### Assignment
Repeat the listing word for word. No pictures belong in the copy.

### Provided entries
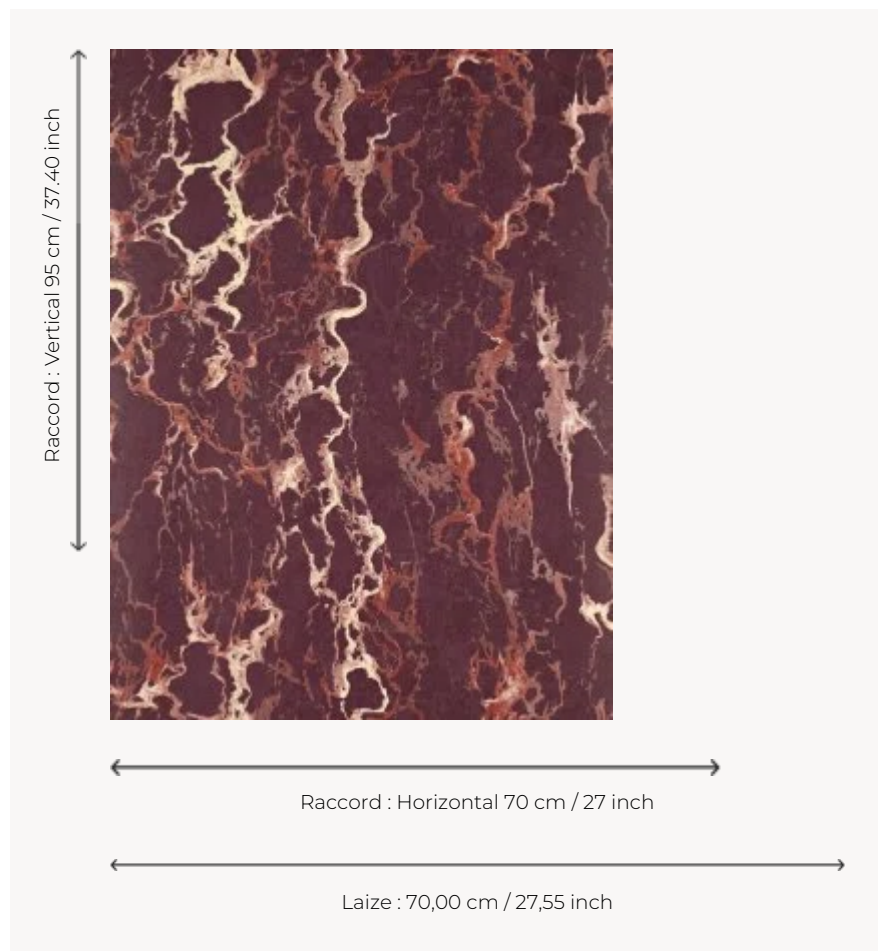

FP447004 PORTOR

Created by Mathias Kiss. A continuation of his research on folding and the deformation of stiff materials, this collaboration with Pierre Frey was initiated by "Wallpaper" magazine and echoes the artist's personal work by associating one of his painted marbles to wallpaper. He designed and painted the marble using oil paint, a technique he learned during his apprenticeship with the Compagnons. The motif symbolizes the origin of marble, the quarry, the raw stone, the material... and its application in furnishings.

FP447004 - Prune

Pierre Frey

TYPE	Small width printed wallpapers - Vinyls
ARTIST	Mathias Kiss
SALES UNIT	Available per roll of 10,05 mts
BACKING	NON WOVEN
COMPOSITION	100 % Vinyl
WIDTH	70 cm / 27,55 inch
REPEAT	H: 70 cm - 27,00 inch V: 95 cm - 37,40 inch Half drop repeat
WEIGHT	346 gr / m ²
CARE	
TRIMMING	Trimmed
HANGING/REMOVING	Paste the wall Wet removable
CERTIFICATIONS	ASTM E84 Class A EUROCLASS C-s2,d0
NOTES	Good lightfastness Stain and impact resistant
BOOK	F9979PPFREY9

5 Colors

FP447001
Bleu

FP447002
Gris

FP447004
Prune

FP447005
Petrole

FP447006
Céladon
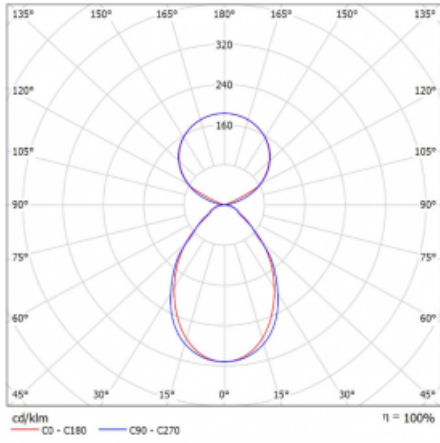

Curve

Luminaire power input* 89.8 W

Connection of the luminaires DALI

Electrical voltage 220-240V

Frequency 50/60Hz

⊕ CE IP 20

*±10 %
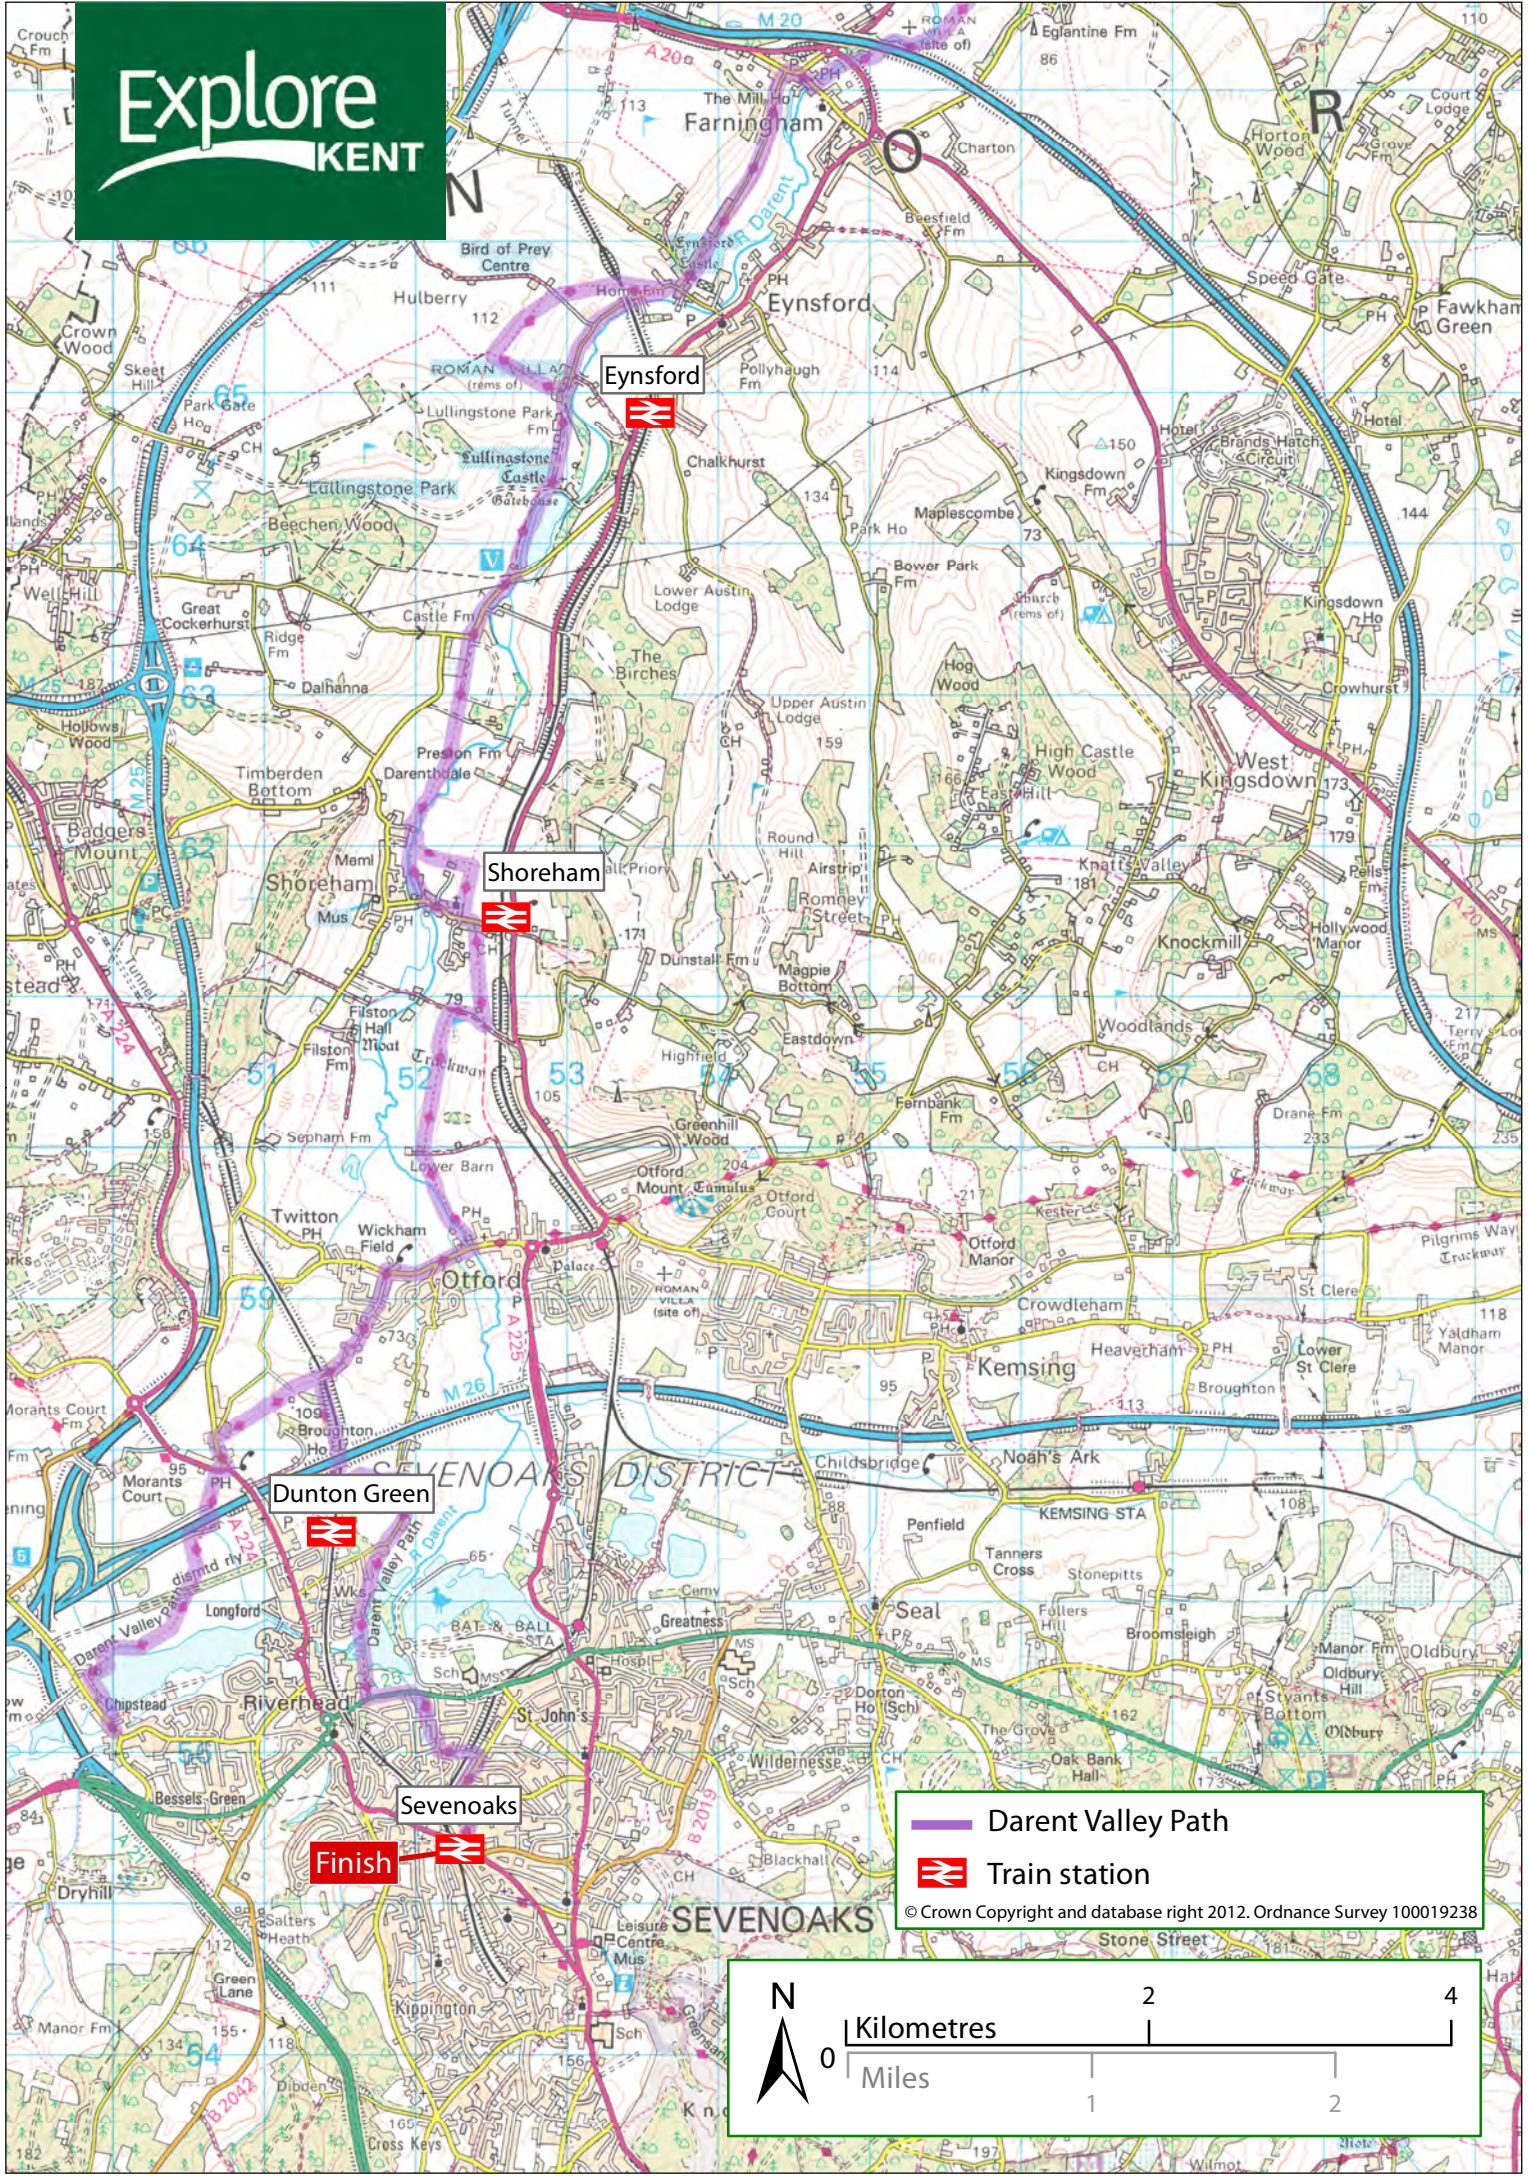

Start

Dartford

Farningham Road

Eynsford

Darent Valley Path

Train station

© Crown Copyright and database right 2012. Ordnance Survey 100019238

Kilometres

Miles

2

4

1

2

 Darent Valley Path

 Train station

© Crown Copyright and database right 2012. Ordnance Survey 100019238
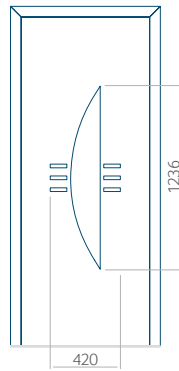

Without application
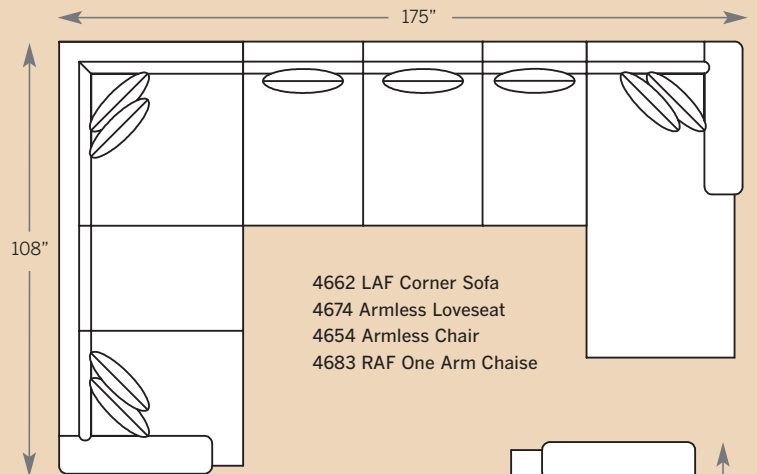

4662 LAF Corner Sofa
4674 Armless Loveseat
4654 Armless Chair
4683 RAF One Arm Chaise
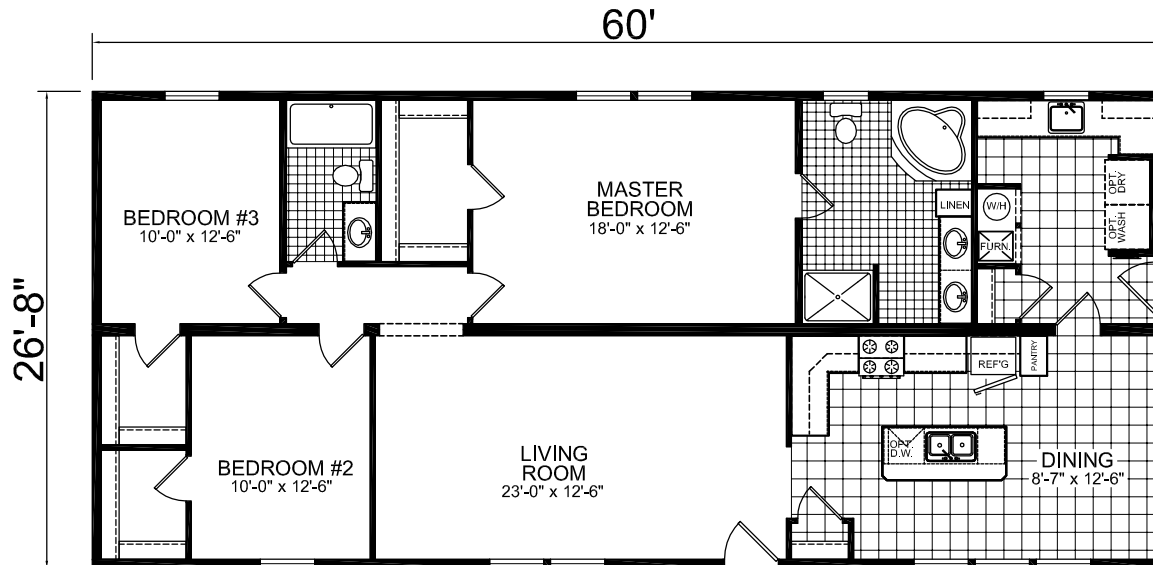

OPT. SUITE RETREAT
(BASEMENT ENTRY NOT AVAILABLE)

OPT. BASEMENT ENTRY
(SUITE RETREAT NOT AVAILABLE)

MODEL 852

3 BEDROOM, 2 BATH
 NOMINAL SIZE: 28' x 64'
 ACTUAL SIZE: 26'-8" x 60'-0"
 TOTAL AREA: 1600 SQ. FT.
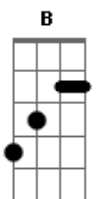

Filanos - Bob's Dream

Tom: B

m

Intro: Bm

Bm
Bob is a guy who spends all his time
G Bm
Thinking of his mind
Bm G
Wasting his time looking for the answer
Bm
Of his life
G Em Bm
Looking all the stars in the sky above his mind
G Em Bm
It's time to say goodbye, he said, I'll find my life
Gb G
He left his house alone, took his things and run
Gb G
Couldn't say goodbye to anyone
Gb G
He followed his dream
A Bm
And then his life began
Bm
Fighting the night, trying to find his side
G Bm
In this crazy old life

Bm G
Running the road without left or return
Bm
Always against the time
G Em
He said: I'll find my way, I'm sorry
Bm
I didn't say goodbye
G Em Bm
There was so many light in my troubled mind
Gb G Gb
My friend, I won't lie, now I'm feeling alright
G Gb
I hope you'll be there when I come home tonight
G A Bm
My friend, I won't lie, I'm feeling alive
D A Em
This is Bob's dream, this is how it used to be
G
Put his things into the trunk
D A Em
This is Bob's dream, this is how it used to be
G
He followed his road
A Bm
And then his life began
[Solo] Bm Dbm D Em

Acordes

© ukulele-chords.com
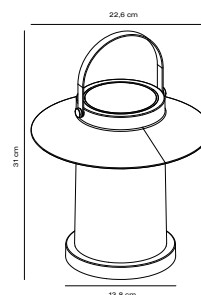

Features

- Durable materials well-suited for harsh weather
- Solar charged
- Turns on automatically when darkness falls

### Problem solution
FP447004 PORTOR

Created by Mathias Kiss. A continuation of his research on folding and the deformation of stiff materials, this collaboration with Pierre Frey was initiated by "Wallpaper" magazine and echoes the artist's personal work by associating one of his painted marbles to wallpaper. He designed and painted the marble using oil paint, a technique he learned during his apprenticeship with the Compagnons. The motif symbolizes the origin of marble, the quarry, the raw stone, the material... and its application in furnishings.

FP447004 - Prune

Pierre Frey

TYPE	Small width printed wallpapers - Vinyls
ARTIST	Mathias Kiss
SALES UNIT	Available per roll of 10,05 mts
BACKING	NON WOVEN
COMPOSITION	100 % Vinyl
WIDTH	70 cm / 27,55 inch
REPEAT	H: 70 cm - 27,00 inch V: 95 cm - 37,40 inch Half drop repeat
WEIGHT	346 gr / m ²
CARE	
TRIMMING	Trimmed
HANGING/REMOVING	Paste the wall Wet removable
CERTIFICATIONS	ASTM E84 Class A EUROCLASS C-s2,d0
NOTES	Good lightfastness Stain and impact resistant
BOOK	F9979PPFREY9

5 Colors

FP447001
Bleu

FP447002
Gris

FP447004
Prune

FP447005
Petrole

FP447006
Céladon

Curve

Luminaire power input* 89.8 W

Connection of the luminaires DALI

Electrical voltage 220-240V

Frequency 50/60Hz

⊕ CE IP 20

*±10 %

Start

Dartford

Farningham Road

Eynsford

Darent Valley Path

Train station

© Crown Copyright and database right 2012. Ordnance Survey 100019238

Kilometres

Miles

2

4

1

2

 Darent Valley Path

 Train station

© Crown Copyright and database right 2012. Ordnance Survey 100019238

Without application

4662 LAF Corner Sofa
4674 Armless Loveseat
4654 Armless Chair
4683 RAF One Arm Chaise

OPT. SUITE RETREAT
(BASEMENT ENTRY NOT AVAILABLE)

OPT. BASEMENT ENTRY
(SUITE RETREAT NOT AVAILABLE)

MODEL 852

3 BEDROOM, 2 BATH
 NOMINAL SIZE: 28' x 64'
 ACTUAL SIZE: 26'-8" x 60'-0"
 TOTAL AREA: 1600 SQ. FT.

Filanos - Bob's Dream

Tom: B

m

Intro: Bm

Bm
Bob is a guy who spends all his time
G Bm
Thinking of his mind
Bm G
Wasting his time looking for the answer
Bm
Of his life
G Em Bm
Looking all the stars in the sky above his mind
G Em Bm
It's time to say goodbye, he said, I'll find my life
Gb G
He left his house alone, took his things and run
Gb G
Couldn't say goodbye to anyone
Gb G
He followed his dream
A Bm
And then his life began
Bm
Fighting the night, trying to find his side
G Bm
In this crazy old life

Bm G
Running the road without left or return
Bm
Always against the time
G Em
He said: I'll find my way, I'm sorry
Bm
I didn't say goodbye
G Em Bm
There was so many light in my troubled mind
Gb G Gb
My friend, I won't lie, now I'm feeling alright
G Gb
I hope you'll be there when I come home tonight
G A Bm
My friend, I won't lie, I'm feeling alive
D A Em
This is Bob's dream, this is how it used to be
G
Put his things into the trunk
D A Em
This is Bob's dream, this is how it used to be
G
He followed his road
A Bm
And then his life began
[Solo] Bm Dbm D Em

Acordes

© ukulele-chords.com

Features

- Durable materials well-suited for harsh weather
- Solar charged
- Turns on automatically when darkness falls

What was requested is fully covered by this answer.